Key Experimental Results¶
Main Results¶
| Model | Size | Cap Match | Prog Detect |
|---|---|---|---|
| GPT-4o | - | 32.4 | 64.2 |
| Gemini-1.5-Pro | - | 31.4 | 63.8 |
| Qwen2-VL | 7B | 13.7 | 69.6 |
| LLAVA-OV | 7B | 7.8 | 59.0 |
| ProgressCaptioner | 7B | 37.3 | 73.6 |
On the HowToChange dataset, the 7B ProgressCaptioner outpaces GPT-4o and Gemini-1.5-Pro in both caption matching and progress detection.
Ablation Study¶
| Configuration | Cap Match | Prog Detect |
|---|---|---|
| Pseudo-label Ensemble Only | 18.6 | 62.5 |
| Stage I (SFT) | - | - |
| Stage I + II (SFT + DPO) | 37.3 | 73.6 |
Moving from the pseudo-label ensemble baseline to full two-stage training, caption matching increases from 18.6 to 37.3 (a 2x increase), and progress detection improves from 62.5 to 73.6.
Key Findings¶
- ProgressCaptioner wins in user studies with the highest selection rate of 31.6%, which is 2 to 3.6 times higher than the best models of comparable parameter sizes.
- The model performs exceptionally well even on unseen datasets (Penn Action, Kinetics), demonstrating strong generalization capabilities.
- Frame-level captions can be used for keyframe selection, thereby aiding action recognition—showing a +1.7% improvement over uniform sampling on Kinetics.
- When applied to video QA (NExT-QA ATP-Hard), it outperforms VideoAgent by +3.4%.
Highlights & Insights¶
- Proposing the concept of "temporal hallucination": Precisely defining the core issue of VLMs in frame-level captioning, where descriptions imply progress that is not visually present.
- Clever design of automated evaluation tasks: Progress detection and caption matching are used not only for filtering data but also directly as evaluation metrics.
- Outperforming larger models with a smaller one: The 7B model beats GPT-4o and Gemini-1.5-Pro, proving the value of task-specific training.
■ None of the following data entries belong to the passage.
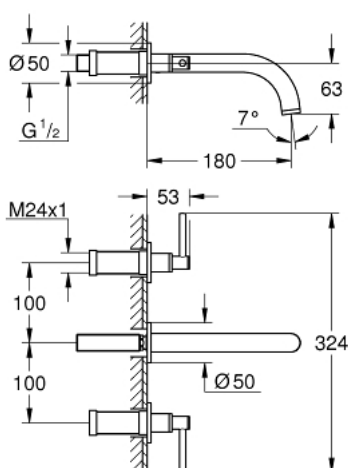

20 169 003 ATRIO СМЕСИТЕЛЬ ДЛЯ РАКОВИНЫ НА ТРИ ОТВЕРСТИЯ, DN 15 S-SIZE

ОПИСАНИЕ ПРОДУКТА

- настенный монтаж
- комплект верхней монтажной части для
- 29 025 002
- без встраиваемого механизма
- керамические вентили для горячей и холодной воды, 1/2" - ход 90°
- GROHE StarLight хромированное покрытие поверхности
- GROHE EcoJoy 5.7 л/мин ламинарный аэратор
- размер по осям 200 мм
- вынос 180 мм
- с длинными ручками
- включены 2 набора с накладными насадками. Один с надписями "H" и "C", другой - без надписей

20 169 003 **ATRIO СМЕСИТЕЛЬ ДЛЯ РАКОВИНЫ НА ТРИ ОТВЕРСТИЯ, DN 15**
S-SIZE

ЗАПАСНЫЕ ЧАСТИ

1: Удлинение шпинделя (Order-nr. 45988000)

2: Lever handles (Order-nr. 18027003)

3: Регулятор струи (Order-nr. 48408000)

- Abundant downstream applications: Performance gains in keyframe selection, action recognition, and video QA demonstrate the broad value of frame-level captions.
Limitations & Future Work¶
- It relies on an ensemble of multiple VLMs to generate pseudo-labels, which entails high computational costs.
- The training data originates from HowToChange and COIN, biasing towards everyday activities and object state changes, with insufficient coverage of more abstract actions.
- The current sliding window approach for long sequences may lose global context.
- Future work could explore end-to-end training rather than relying on pseudo-labels, and expand to more video domains.
Related Work & Insights¶
- Relation to image difference captioning: Works like SPOT-the-Diff handle differences in static image pairs, whereas this work extends to the temporal dimension in videos.
- Relation to dense video captioning: Dense video captioning focuses on "what events occurred," while this work focuses on "how events evolve frame-by-frame."
- The OSCaR benchmark is limited to 3 frames and object state changes, whereas this study offers a much broader scope.
- Insights: The fact that VLMs "know too much" becomes an obstacle—over-reliance on common statistical priors of actions causes temporal hallucination.
Rating¶
- Novelty: 8/10 — The definition of a new task, the concept of temporal hallucination, and the design of automated evaluation tasks all show originality.
- Experimental Thoroughness: 9/10 — Benchmark construction, multi-model comparisons, user studies, downstream applications, and detailed ablation.
- Writing Quality: 9/10 — The discussion of problem motivation is highly clear and develops step-by-step.
- Value: 8/10 — The ability for frame-level captioning drives progress across multiple sub-fields of video understanding.